Week Twelve

Monday.
--------- Nov. 24, 2008
I was really excited about today's lecture because it answered the question I had in mind since the first time I learnt about languages denoted by regular expressions. The question is, or “was” actually, "are all languages regular?" if not, how can we prove that?
The pumping lemma is a powerful tool that takes a segment of a language, usually called v, and copies it 0 or more times. If the resulting strings maintain the properties of L, then L is regular. Another thing that makes the pumping lemma really useful is that it can be used, through proof by contradiction, to show that a language is regular or not regular; depends on what we need.
Professor Danny showed how the language that has the same number of 0s and 1s, and the language with strings of prime lengths are not regular.

Assignment Three.
--------- Nov. 24, 2008
According to all my friends, this assignment is much easier than the previous two.

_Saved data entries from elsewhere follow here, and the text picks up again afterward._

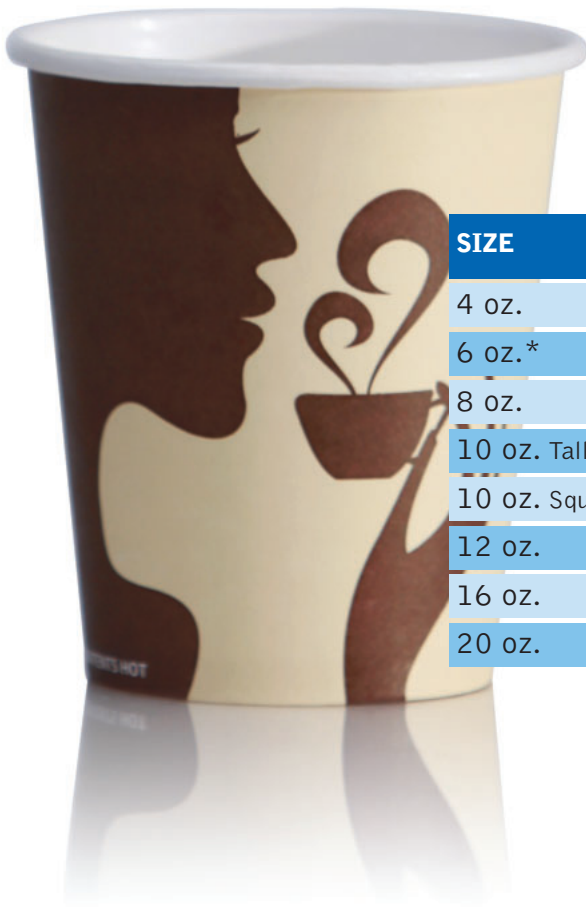

MODUCUP SILHOUETTE

SIZE	ITEM - IMPRINT#	CASE PACK	CASE CUBE	CASE WEIGHT (lbs)
4 oz.	4H - 07	1000	1.32	9.5
6 oz.*	6H - 07	1000	1.797	15.2
8 oz.	8HD - 07	1000	2.3	20.5
10 oz. Tall	10H - 07	1000	2.9	25
10 oz. Squat	10HS - 07	1000	3.8	26.5
12 oz.	12H - 07	1000	3.9	31
16 oz.	16H - 07	1000	4	35.6
20 oz.	20H - 07	500	2	20

MODUCUP LIDS

Available in Flat Tear Back, Dome for easy Sip Thru, Dome Lock Back or Translucent with Straw Slot. These Sure-fitting lids come in White or Black to enhance stock or custom designs. Our 10oz, 12oz and 20oz share one lid for ease to your staff and customers.
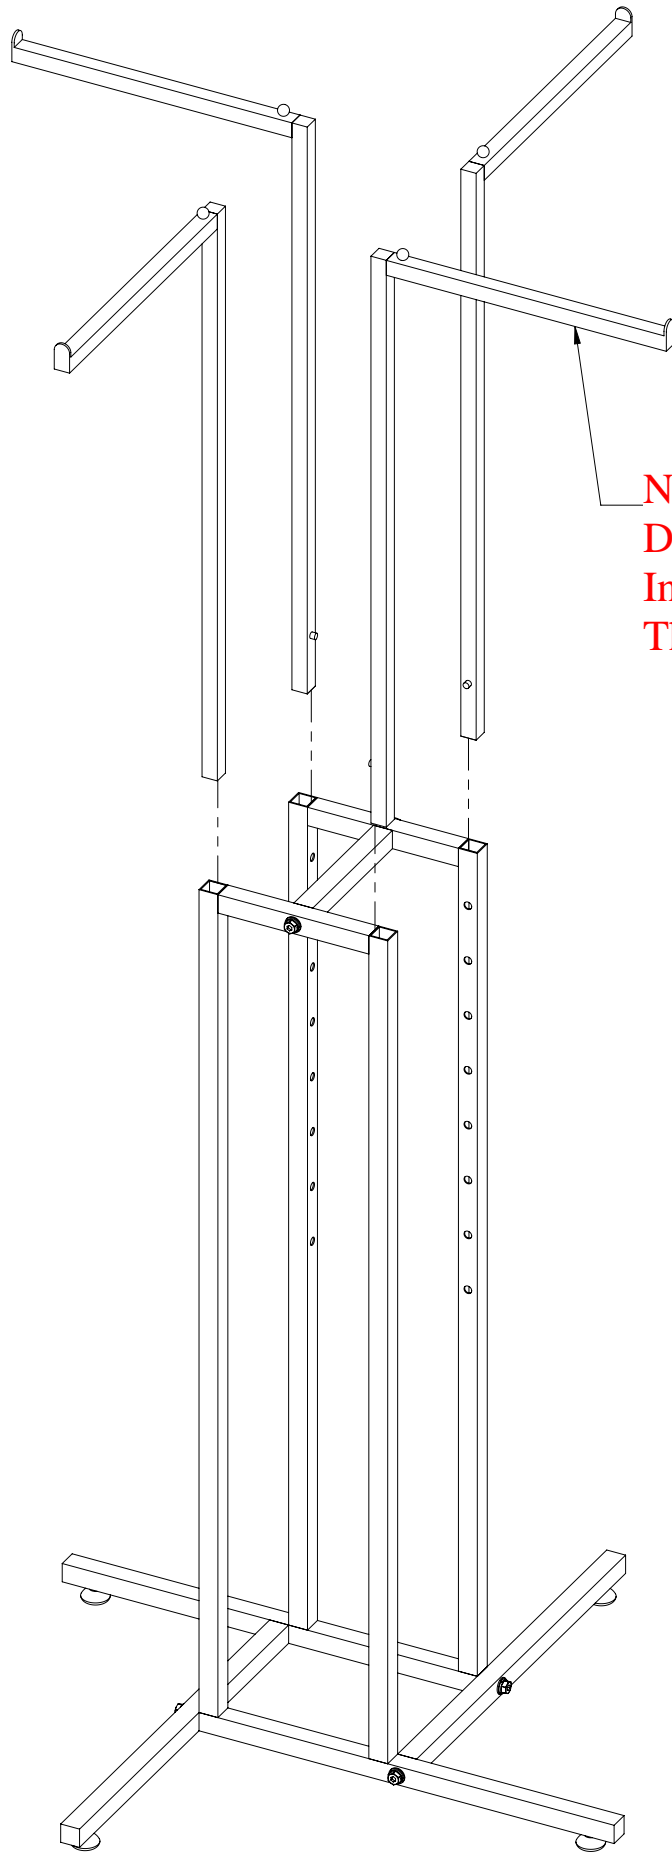

3/8" LOCK WASHERS
3/8" STANDARD WASHERS
6 SETS REQUIRED

3/8"-16 x 2" LONG
HEX HEAD SOCKET BOLTS
6 REQUIRED

Note: Arms Will Vary Depending On Item. Installation Remains The same.

The loop invariant and termination proof in question 1 were pretty straightforward. Question 2 was much trickier and longer but it gave us good practice in proving the equivalence of regular expressions and languages. Question 3 was really easy; we even found three ways to solve it. One way was by structural induction (just assuming that a regular expression has no Kleene star and that it is either the concatenation or union of other two regular expressions). The other two ways were through contradiction. I am glad we had more than one approach; but we went with the first way because it is the shortest. Question 4 was fair. I kind of misunderstood the meaning of "represent the DFSA textually" and I ended up drawing it in python using arrows and dashes. Of course the resulting machine was pretty nasty but after asking Danny, he explained that we need to mention the different transition functions instead. What a waste of three precious hours!


Wednesday.

--------- Nov. 26, 2008

So far, we have talked about alphabet and languages. Today we talked about grammars. I wonder what is coming next, may be Shakespearian programming?
Anyway, we define CFG as a tuple (V, \Segma, P, S). So it is just like a DFSA machine but with a set of variables and productions rather that states and transitions.
Professor Danny said that CFG is a powerful tool; I did not see why. But after using it to generate languages (and union and concatenation of languages), my doubts instantly faded away.

Friday.
--------- Nov. 28, 2008
Professor Danny ended Wednesday's lecture with a CFG that represents, as the lecture claims, binary strings with even number of 0s and 1s. We used simple induction to prove this. Just like the proof of merge sort, the proof was lengthy but not complicated. We need to consider all possible cases.
The only thing that freaked me out was the use of the Intermediate Value Theorem. In cases when zeros(x) = ones(x) + 1 and x = 1y, then zeros(y) = ones(y) + 2. There is no such antecedent in the induction hypothesis so we use IVT to show that for some y, zeros(y) = ones(y).
If I encountered such a proof in the exam, I know I would not be able to solve it. How did it ever come up to the people who solved this question to use IVT?